WHAT IS BEING ASKED:
Below are records with pictures; copy word for word only the lines between the line with "150×80 - coffee table 25h" and the line with "- single hole installation", inclusive, and drop the pictures.

___ INPUT RECORDS

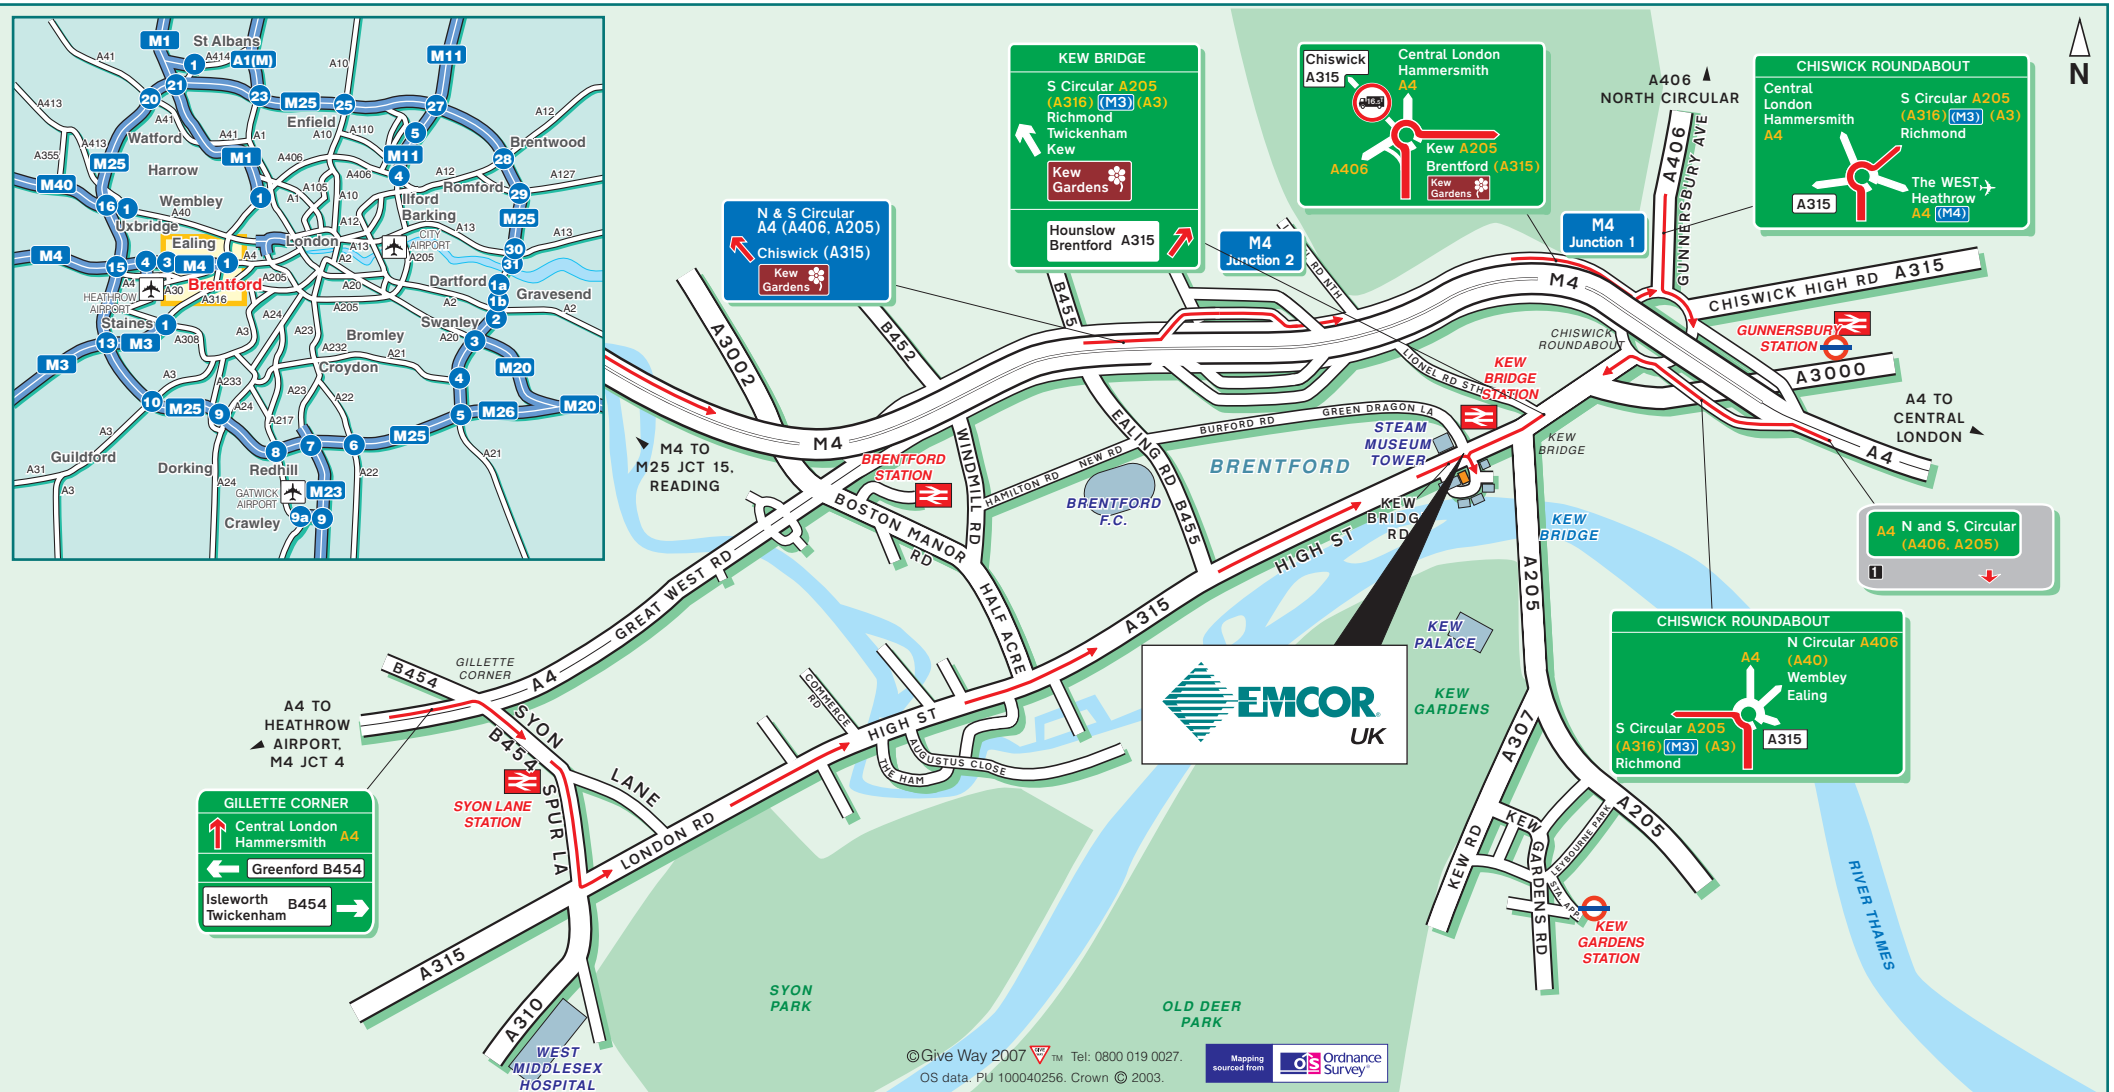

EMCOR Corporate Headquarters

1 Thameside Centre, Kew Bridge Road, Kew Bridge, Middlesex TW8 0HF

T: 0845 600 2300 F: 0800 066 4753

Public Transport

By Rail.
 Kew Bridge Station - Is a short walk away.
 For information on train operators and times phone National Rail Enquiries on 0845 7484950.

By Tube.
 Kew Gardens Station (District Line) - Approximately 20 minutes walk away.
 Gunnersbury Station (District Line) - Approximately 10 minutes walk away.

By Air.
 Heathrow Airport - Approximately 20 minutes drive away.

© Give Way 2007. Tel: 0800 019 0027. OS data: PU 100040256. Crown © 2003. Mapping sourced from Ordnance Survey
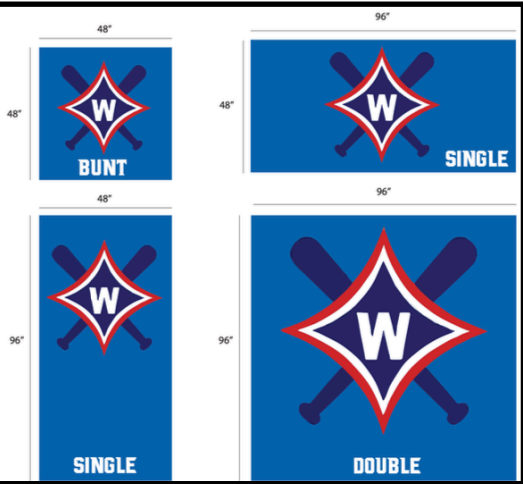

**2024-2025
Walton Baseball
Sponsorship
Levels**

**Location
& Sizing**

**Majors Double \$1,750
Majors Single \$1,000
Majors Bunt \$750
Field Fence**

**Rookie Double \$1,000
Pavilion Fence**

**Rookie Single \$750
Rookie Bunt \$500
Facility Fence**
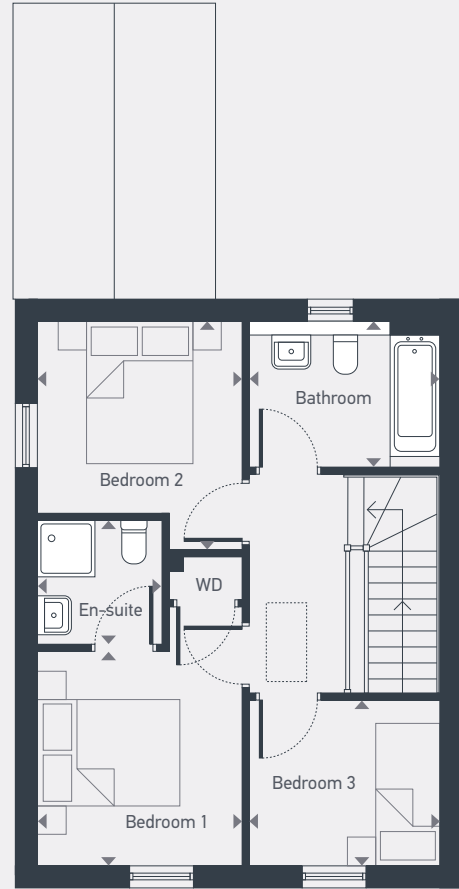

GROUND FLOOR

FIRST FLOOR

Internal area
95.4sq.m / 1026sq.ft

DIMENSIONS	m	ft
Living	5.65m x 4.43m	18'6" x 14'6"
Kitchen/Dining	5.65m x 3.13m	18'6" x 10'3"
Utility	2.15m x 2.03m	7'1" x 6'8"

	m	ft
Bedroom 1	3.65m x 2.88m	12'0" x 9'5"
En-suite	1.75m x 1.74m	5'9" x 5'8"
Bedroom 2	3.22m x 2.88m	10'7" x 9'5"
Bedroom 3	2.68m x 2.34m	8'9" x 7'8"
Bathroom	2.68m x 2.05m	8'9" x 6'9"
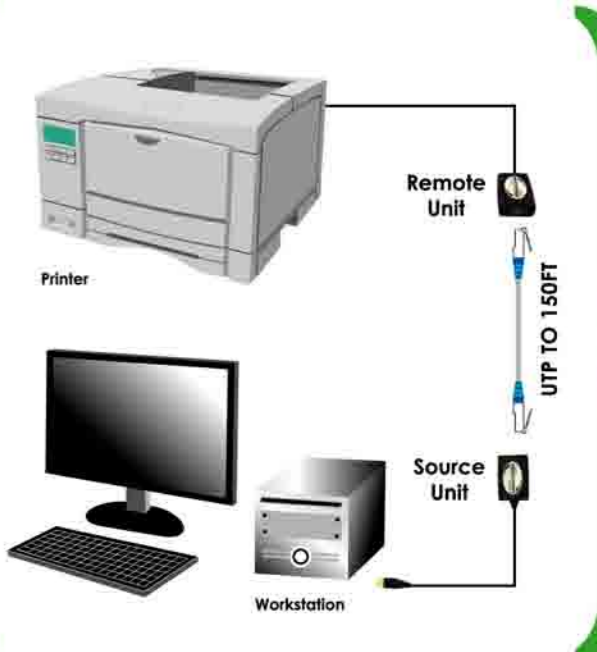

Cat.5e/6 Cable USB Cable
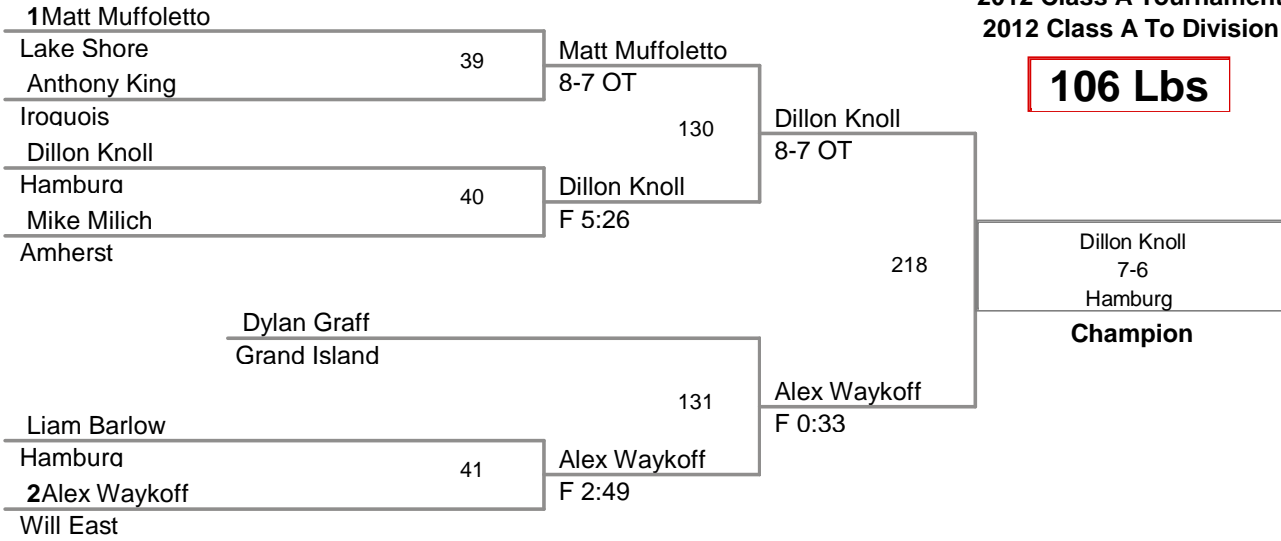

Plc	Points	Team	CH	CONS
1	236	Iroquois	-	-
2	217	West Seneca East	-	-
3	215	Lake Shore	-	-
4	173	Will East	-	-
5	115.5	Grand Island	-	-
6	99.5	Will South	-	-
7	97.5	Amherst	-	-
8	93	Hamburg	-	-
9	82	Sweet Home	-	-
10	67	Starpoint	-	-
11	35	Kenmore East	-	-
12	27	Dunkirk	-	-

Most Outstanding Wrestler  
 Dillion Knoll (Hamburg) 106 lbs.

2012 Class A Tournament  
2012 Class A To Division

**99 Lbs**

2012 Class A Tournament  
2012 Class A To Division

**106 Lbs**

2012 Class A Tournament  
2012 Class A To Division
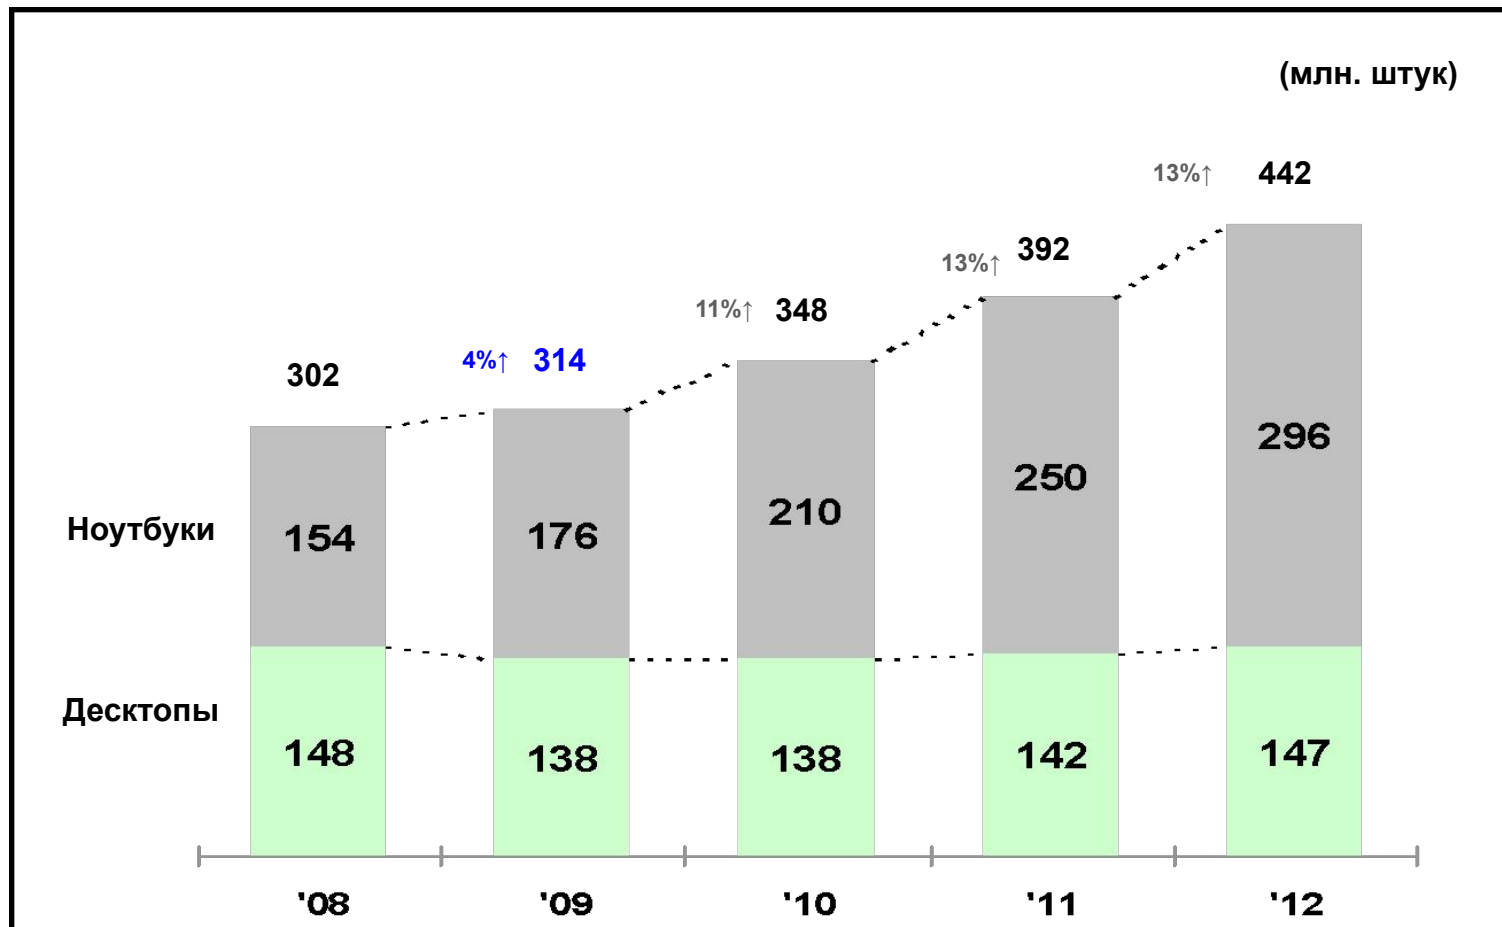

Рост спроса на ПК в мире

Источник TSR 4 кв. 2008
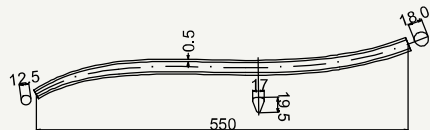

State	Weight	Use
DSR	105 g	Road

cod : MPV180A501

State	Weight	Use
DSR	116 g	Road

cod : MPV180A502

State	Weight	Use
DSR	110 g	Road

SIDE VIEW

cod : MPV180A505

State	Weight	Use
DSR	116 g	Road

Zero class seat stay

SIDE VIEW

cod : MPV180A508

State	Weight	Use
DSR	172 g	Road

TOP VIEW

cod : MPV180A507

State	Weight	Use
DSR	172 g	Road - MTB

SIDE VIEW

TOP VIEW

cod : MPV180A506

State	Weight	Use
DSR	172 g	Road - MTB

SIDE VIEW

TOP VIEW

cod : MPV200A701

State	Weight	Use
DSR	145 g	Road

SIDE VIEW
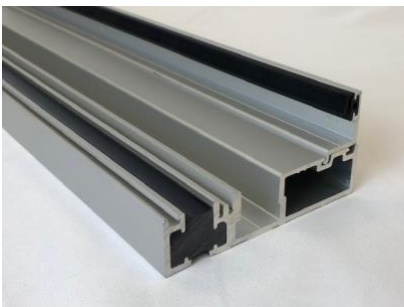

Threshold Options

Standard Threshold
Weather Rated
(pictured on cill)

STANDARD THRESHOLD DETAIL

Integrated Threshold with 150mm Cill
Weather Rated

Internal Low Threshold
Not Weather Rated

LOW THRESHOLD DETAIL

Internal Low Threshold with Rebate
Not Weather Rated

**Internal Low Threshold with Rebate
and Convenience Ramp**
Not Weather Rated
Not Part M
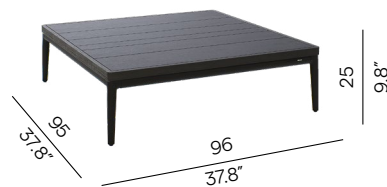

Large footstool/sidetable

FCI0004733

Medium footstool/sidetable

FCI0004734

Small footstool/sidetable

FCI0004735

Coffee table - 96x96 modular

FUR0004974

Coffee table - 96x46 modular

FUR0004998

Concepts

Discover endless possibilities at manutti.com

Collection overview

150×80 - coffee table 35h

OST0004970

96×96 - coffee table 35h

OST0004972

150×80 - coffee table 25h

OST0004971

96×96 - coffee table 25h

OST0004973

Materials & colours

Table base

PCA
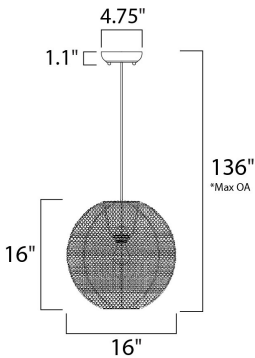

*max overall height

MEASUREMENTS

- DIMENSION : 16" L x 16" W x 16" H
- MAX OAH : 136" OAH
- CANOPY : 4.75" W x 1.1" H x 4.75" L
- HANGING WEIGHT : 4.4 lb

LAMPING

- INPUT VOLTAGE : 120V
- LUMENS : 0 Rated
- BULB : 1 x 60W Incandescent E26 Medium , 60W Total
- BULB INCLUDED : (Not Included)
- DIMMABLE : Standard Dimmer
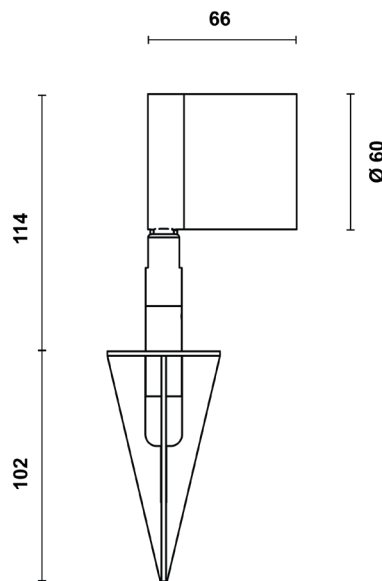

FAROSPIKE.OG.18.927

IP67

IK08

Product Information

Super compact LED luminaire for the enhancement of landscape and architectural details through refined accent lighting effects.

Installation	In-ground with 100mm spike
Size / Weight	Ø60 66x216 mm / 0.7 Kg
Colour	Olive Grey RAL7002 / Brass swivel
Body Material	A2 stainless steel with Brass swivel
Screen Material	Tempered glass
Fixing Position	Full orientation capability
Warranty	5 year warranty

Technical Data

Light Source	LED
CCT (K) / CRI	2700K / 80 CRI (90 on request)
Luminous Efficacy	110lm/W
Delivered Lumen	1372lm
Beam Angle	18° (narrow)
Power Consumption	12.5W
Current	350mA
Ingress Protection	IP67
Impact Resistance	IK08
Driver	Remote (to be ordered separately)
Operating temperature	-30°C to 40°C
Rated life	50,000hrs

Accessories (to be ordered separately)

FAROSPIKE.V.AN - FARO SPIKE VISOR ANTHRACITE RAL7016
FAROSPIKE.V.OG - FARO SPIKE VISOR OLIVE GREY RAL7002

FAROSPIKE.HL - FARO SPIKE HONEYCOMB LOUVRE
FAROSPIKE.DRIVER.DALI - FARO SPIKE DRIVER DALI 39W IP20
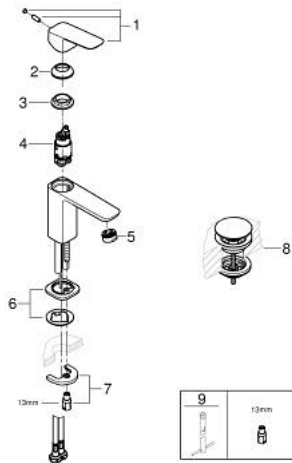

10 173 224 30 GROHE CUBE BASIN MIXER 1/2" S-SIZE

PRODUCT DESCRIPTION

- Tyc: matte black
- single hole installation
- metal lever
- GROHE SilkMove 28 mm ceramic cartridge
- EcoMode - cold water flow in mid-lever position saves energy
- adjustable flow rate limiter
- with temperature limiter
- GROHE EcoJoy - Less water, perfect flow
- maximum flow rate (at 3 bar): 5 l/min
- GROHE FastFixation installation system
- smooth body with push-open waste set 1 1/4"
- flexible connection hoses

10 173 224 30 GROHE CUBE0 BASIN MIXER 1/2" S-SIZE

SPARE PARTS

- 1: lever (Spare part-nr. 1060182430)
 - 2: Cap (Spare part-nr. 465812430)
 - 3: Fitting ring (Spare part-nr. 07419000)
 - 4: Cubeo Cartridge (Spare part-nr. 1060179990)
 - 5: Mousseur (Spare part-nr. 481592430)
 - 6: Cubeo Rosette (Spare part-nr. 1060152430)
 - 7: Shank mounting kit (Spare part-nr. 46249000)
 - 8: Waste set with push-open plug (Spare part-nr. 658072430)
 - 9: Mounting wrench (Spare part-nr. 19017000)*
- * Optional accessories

______

RESPONSE AREA:
150×80 - coffee table 25h

OST0004971

96×96 - coffee table 25h

OST0004973

Materials & colours

Table base

PCA

*max overall height

MEASUREMENTS

- DIMENSION : 16" L x 16" W x 16" H
- MAX OAH : 136" OAH
- CANOPY : 4.75" W x 1.1" H x 4.75" L
- HANGING WEIGHT : 4.4 lb

LAMPING

- INPUT VOLTAGE : 120V
- LUMENS : 0 Rated
- BULB : 1 x 60W Incandescent E26 Medium , 60W Total
- BULB INCLUDED : (Not Included)
- DIMMABLE : Standard Dimmer

FAROSPIKE.OG.18.927

IP67

IK08

Product Information

Super compact LED luminaire for the enhancement of landscape and architectural details through refined accent lighting effects.

Installation	In-ground with 100mm spike
Size / Weight	Ø60 66x216 mm / 0.7 Kg
Colour	Olive Grey RAL7002 / Brass swivel
Body Material	A2 stainless steel with Brass swivel
Screen Material	Tempered glass
Fixing Position	Full orientation capability
Warranty	5 year warranty

Technical Data

Light Source	LED
CCT (K) / CRI	2700K / 80 CRI (90 on request)
Luminous Efficacy	110lm/W
Delivered Lumen	1372lm
Beam Angle	18° (narrow)
Power Consumption	12.5W
Current	350mA
Ingress Protection	IP67
Impact Resistance	IK08
Driver	Remote (to be ordered separately)
Operating temperature	-30°C to 40°C
Rated life	50,000hrs

Accessories (to be ordered separately)

FAROSPIKE.V.AN - FARO SPIKE VISOR ANTHRACITE RAL7016
FAROSPIKE.V.OG - FARO SPIKE VISOR OLIVE GREY RAL7002

FAROSPIKE.HL - FARO SPIKE HONEYCOMB LOUVRE
FAROSPIKE.DRIVER.DALI - FARO SPIKE DRIVER DALI 39W IP20

10 173 224 30 GROHE CUBE BASIN MIXER 1/2" S-SIZE

PRODUCT DESCRIPTION

- Tyc: matte black
- single hole installation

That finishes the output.